So wonders Razib Khan over at Secular Right::
In any case, I’m on the record as saying that predictions for 2012 are very premature. But, it looks like 3 of the front-runners for the G.O.P. nomination are rather frank Creationists (Palin, Huckabee and Pawlenty). I’m skeptical about any of these as likely candidates (i.e., if you had to make a bet you’re going to be surprised), but if you keep adding individuals to the list it seems likely that we’re looking at a serious probability that the G.O.P. nominee in 2012 will be a Creationist.
In a primary debate last year John McCain forthrightly said he supported evolution. When Sam Brownback, Mike Huckabee and Tom Tancredo then raised their hands to indicate they did not support evolution, McCain was quick to add
I believe in evolution, but I also believe that when I hike the Grand Canyon and see a sunset that the hand of God is there also.

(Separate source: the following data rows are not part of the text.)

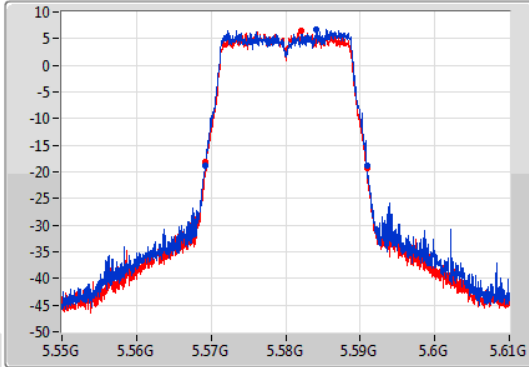

802.11ac VHT20-BF_Nss1,(MCS0)_2TX

EBW

5580MHz

23/01/2020

CF
5.58GHz
Span
60MHz
RBW
300kHz
VBW
1MHz
Sweep Time
100ms
Detector Type
Peak

CF
5.58GHz
Span
60MHz
RBW
200kHz
VBW
1MHz
Sweep Time
100ms
Detector Type
Peak
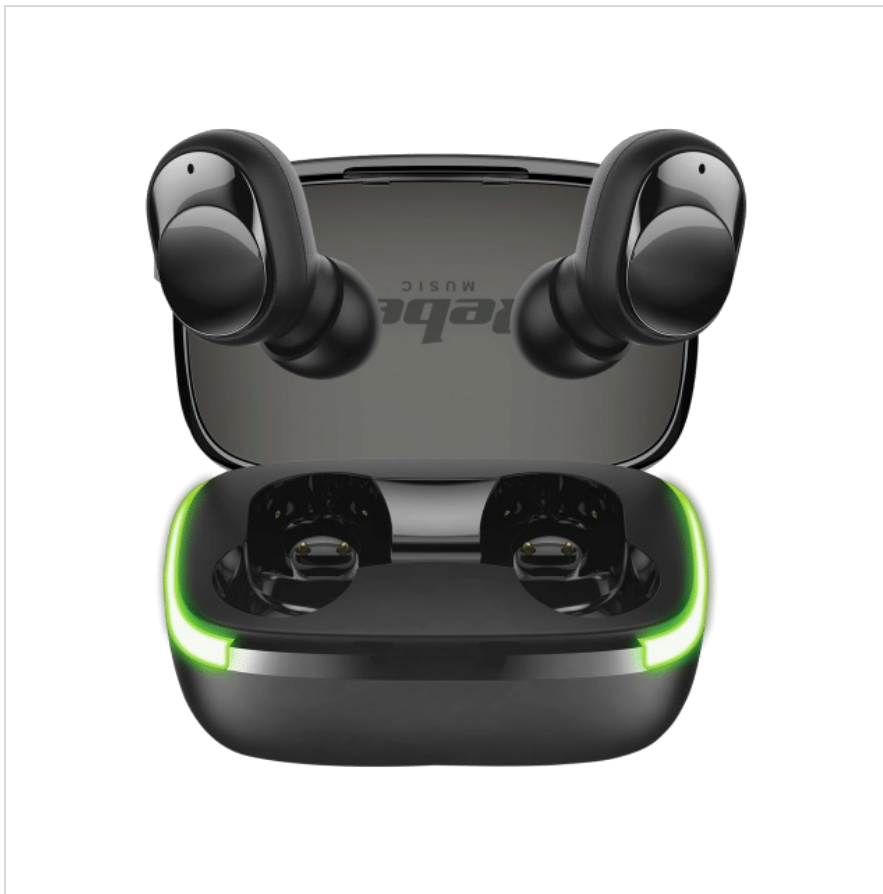

Słuchawki bezprzewodowe dokanałowe Rebel TWS-Y60
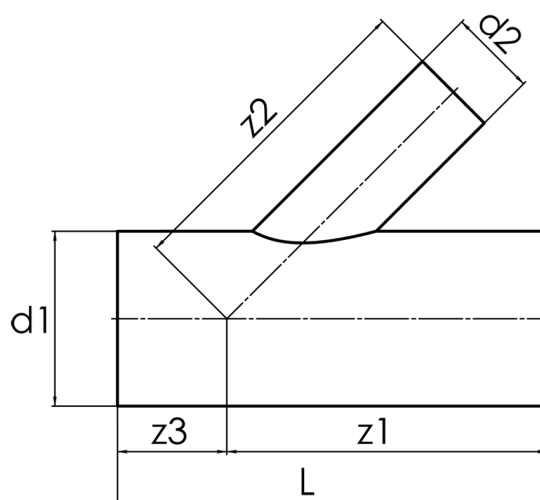

langschenklig zum Stumpf- und Elektromuffenschweißen
aus Rohr geschweisst, unverstärkt

PP

SDR 11

Art. Nr.	d1 [mm]	d2 [mm]	L [mm]	z1 [mm]	z2 [mm]	z3 [mm]	kg
4242861101800125	180	125	500	302	302	198	4,5

andere Abmessungen und Druckstufen auf Anfrage

Toleranz + / - 2°

Lieferprogramm:

SDR17,6: d 63 - 500 mm SDR11: d 63 - 500 mm

Bei Fragen wenden Sie sich gerne an uns: Tel. + 49 281 98 414 - 0
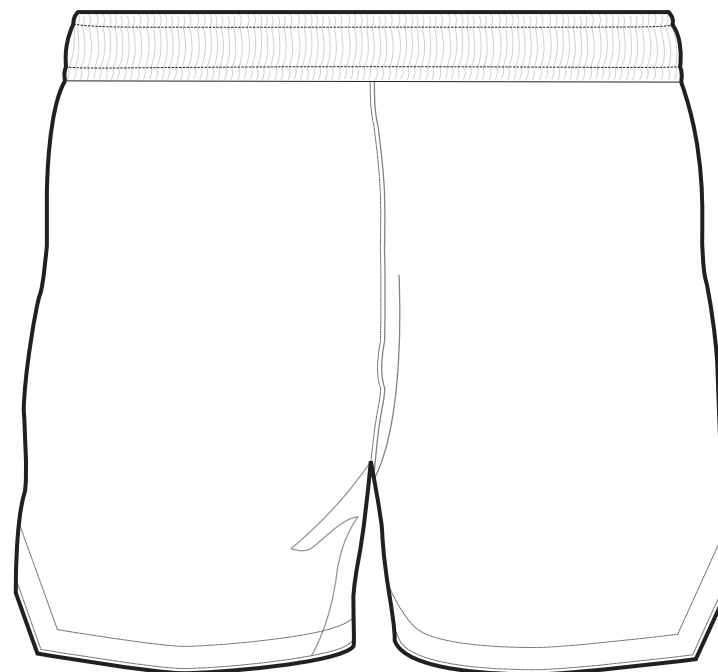

背面

TeamName_USXXXXXX_RUN003_Normal_V1.01 バージョン

Notes:

↓デザイン内の指定の色↓

PMS PMS PMS PMS PMS PMS PMS PMS

Champion System
Custom Technical Apparel

info@champ-sys.jp **champ-sys.jp**

デザイン確認上の注意

アイテムの名称がデザイン内に書かれていますので、ご参照ください。 デザイン内の全ての文字、スペル、ロゴ、色の確認をお願い致します。

こちらのデザインはあくまでイメージですので、位置や大きさは実物の寸法と異なる場合がございますので、ご了承ください。

色はお使いのパソコンのスクリーンによって異なります。PANTONEの色指定をご利用ください。

修正がありましたら、ご連絡ください。デザインを確定いたしますと、変更は出来かねます。
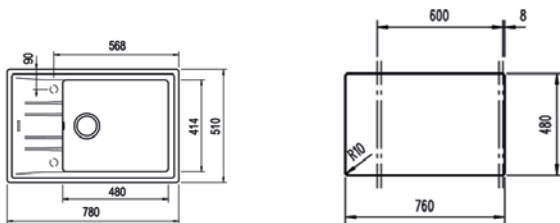

STONE 60 S-TG 1B 1D AUTO
MAESTRO

STONE 60 S-TG 1B 1D AUTO
MAESTRO

- Évier encastrable Tegrante+
- 1 bac et égouttoir, réversible
- Surface hautement résistante aux impacts, aux températures élevées et aux changements brusques de température
- Résistance à la décoloration
- Surface non poreuse facile à nettoyer qui empêche la prolifération des bactéries
- 80 % de quartz et de résines
- Garniture de vidage pour commande excentrée 3 1/2" (115890001) avec trop-plein et siphon
- Dimensions du bac LxlxP env. 480x414x200 mm
- Dimensions de la découpe Lxl env. 760x480 mm
- Meuble de 60 cm
- Trous de robinet pré-fraisés

- Évier encastrable Tegrante+
- 1 bac et égouttoir, réversible
- Surface hautement résistante aux impacts, aux températures élevées et aux changements brusques de température
- Résistance à la décoloration
- Surface non poreuse facile à nettoyer qui empêche la prolifération des bactéries
- 80 % de quartz et de résines
- Garniture de vidage pour commande excentrée 3 1/2" (115890001) avec trop-plein et siphon
- Dimensions du bac LxlxP env. 480x414x200 mm
- Dimensions de la découpe Lxl env. 760x480 mm
- Meuble de 60 cm
- Trous de robinet pré-fraisés

ENCASTRÉ PAR-DESSUS
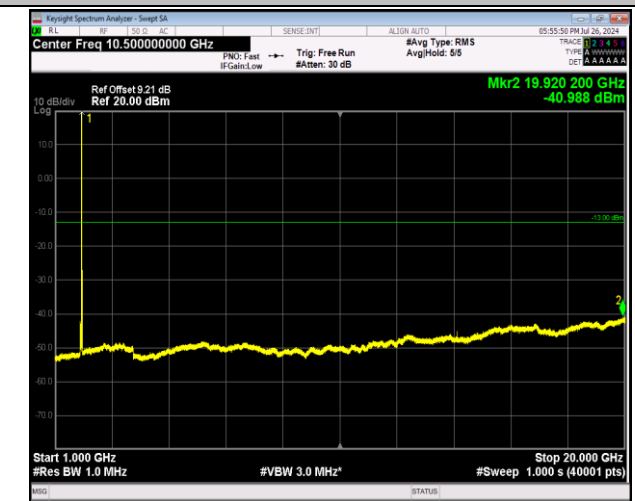

2-2-5MHz-20MHz-64QAM-64QAM-18983-19100-1RB#0-OR
B#0-1000~20000MHz-PASS

Certainly no Republican could get through the primaries on a platform that evolution is good science and creationism and ID are not. The thing is, though, that neither could a Democrat. This is one of those polarizing issues that politicians avoid like the plague. There is no advantage to them in taking a clear stand on one side or the other.
The typical answer for Republicans is either to say that they personally believe in God and believe all sides of this important issue should be presented in schools, or to punt by saying that it is a state issue. For Democrats the typical answer is to say that they personally believe in God and do not believe there is a conflict between science and religion, or to punt by saying it is a state issue.
My prediction is that the Republican nominee in 2012 will be someone who does not really care one way or the other about this issue, but will nonetheless pander shamelessly to those who do care.